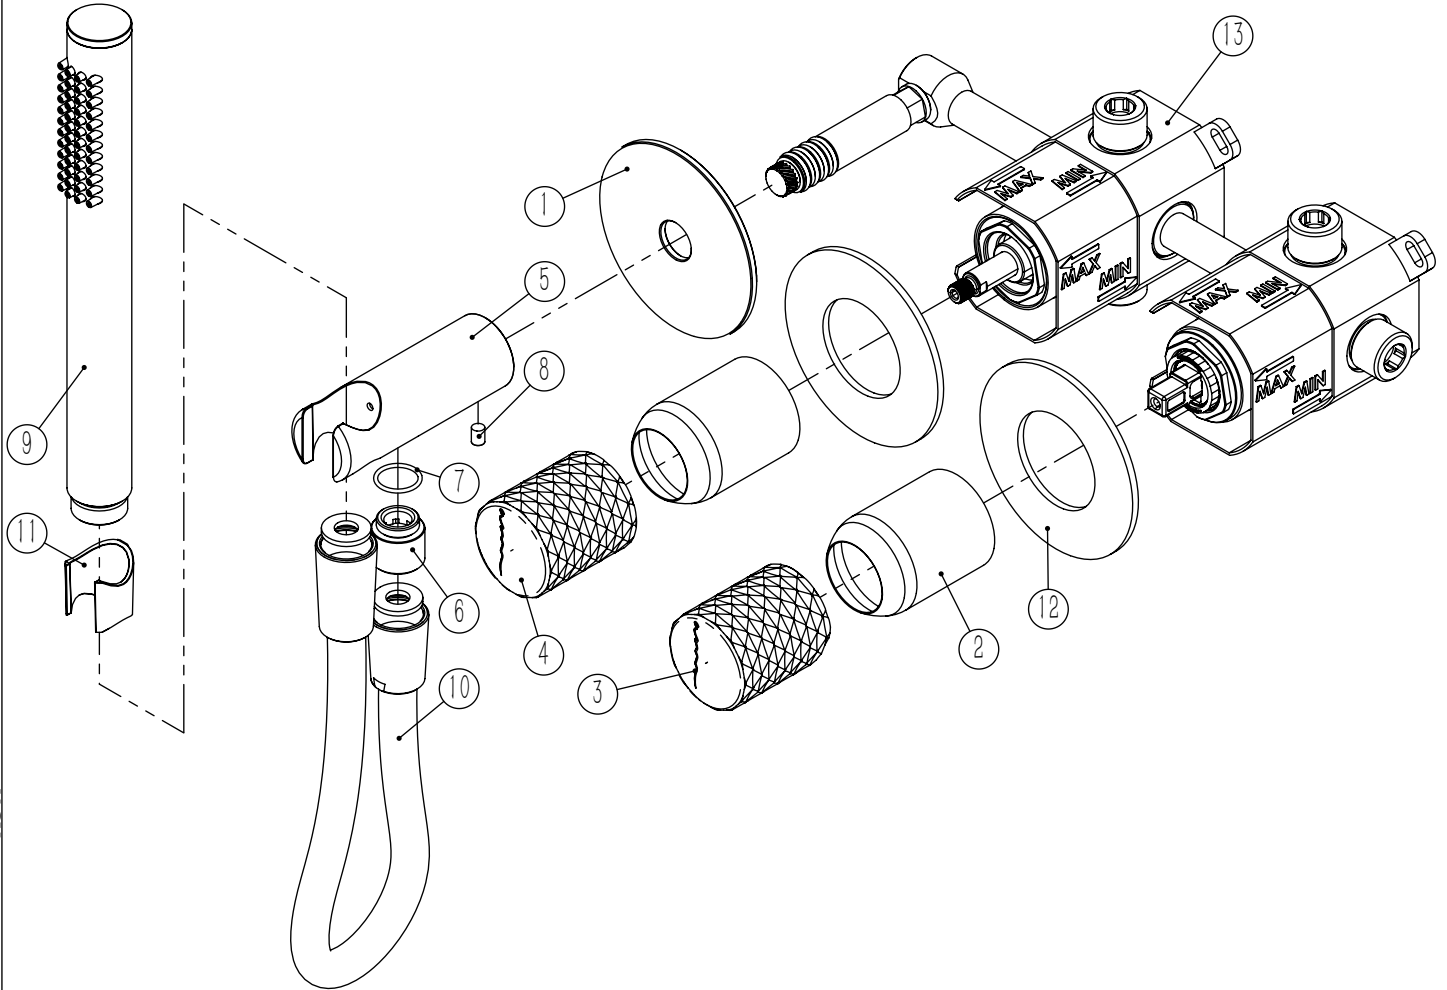

DIAM090C1

MONOCOMANDO EMBUTIR 2/3 VIAS
C/ CHUVEIRO MÃO DIAMOND

ASM TAPS®

WATER SOUL

LISTA DE COMPONENTES

DIAM090C1 Rev.A 04/02/2026

Nº	DESCRIPTION	REF.	QT.
1	PATER BICA PAREDE CILÍNDRICA	101425	1
2	COPO EMBUTIDOS EXTERIOR	101557	2
3	MANÍPULO LAVATÓRIO DIAMOND	AC2370	1
4	MANÍPULO DISTRIBUIDOR DIAMOND	AC2380	1
5	Tomada Água Cilíndrica	100117	1
6	Casquilho P_Base Chuveiro	100052	1
7	Orings 13.00x1.50 NBR 70	001078	1
8	Perno Umbrako Din 914 M5-8 Inox A-2	09140500080IN	1
9	CHUVEIRO MÃO CILÍNDRICO LATÃO	AC391A	1
10	LIGAÇÃO BANHEIRA/DUCHE 1,70MT SILICONE	AC781	1
11	PROTEÇÃO INTERIOR CHUVEIRO TOMADA DE ÁGUA	AC2040	1
12	ESPELHO 1 VIA CILÍNDRICO	100274	2
13	BOX MONOCOMANDO EMBUTIR 2/3 VIAS C/ CHUVEIRO MÃO	INT109	1

! SERVICE

DIAM090C1

MONOCOMANDO EMBUTIR 2/3 VIAS C/ CHUVEIRO MÃO DIAMOND

A S M T A P S

W A T E R S O U L

INSTALLATION MANUAL

1 CONNECTION

2 FIXED

■ WHAT TO WORK ON: Only the text of the records belongs in your answer, copied exactly as it appears above.

■ ANSWER SECTION:
DIAM090C1

MONOCOMANDO EMBUTIR 2/3 VIAS
C/ CHUVEIRO MÃO DIAMOND

ASM TAPS®

WATER SOUL

LISTA DE COMPONENTES

DIAM090C1 Rev.A 04/02/2026

Nº	DESCRIPTION	REF.	QT.
1	PATER BICA PAREDE CILÍNDRICA	101425	1
2	COPO EMBUTIDOS EXTERIOR	101557	2
3	MANÍPULO LAVATÓRIO DIAMOND	AC2370	1
4	MANÍPULO DISTRIBUIDOR DIAMOND	AC2380	1
5	Tomada Água Cilíndrica	100117	1
6	Casquilho P_Base Chuveiro	100052	1
7	Orings 13.00x1.50 NBR 70	001078	1
8	Perno Umbrako Din 914 M5-8 Inox A-2	09140500080IN	1
9	CHUVEIRO MÃO CILÍNDRICO LATÃO	AC391A	1
10	LIGAÇÃO BANHEIRA/DUCHE 1,70MT SILICONE	AC781	1
11	PROTEÇÃO INTERIOR CHUVEIRO TOMADA DE ÁGUA	AC2040	1
12	ESPELHO 1 VIA CILÍNDRICO	100274	2
13	BOX MONOCOMANDO EMBUTIR 2/3 VIAS C/ CHUVEIRO MÃO	INT109	1

! SERVICE

DIAM090C1

MONOCOMANDO EMBUTIR 2/3 VIAS C/ CHUVEIRO MÃO DIAMOND

A S M T A P S

W A T E R S O U L

INSTALLATION MANUAL

1 CONNECTION

2 FIXED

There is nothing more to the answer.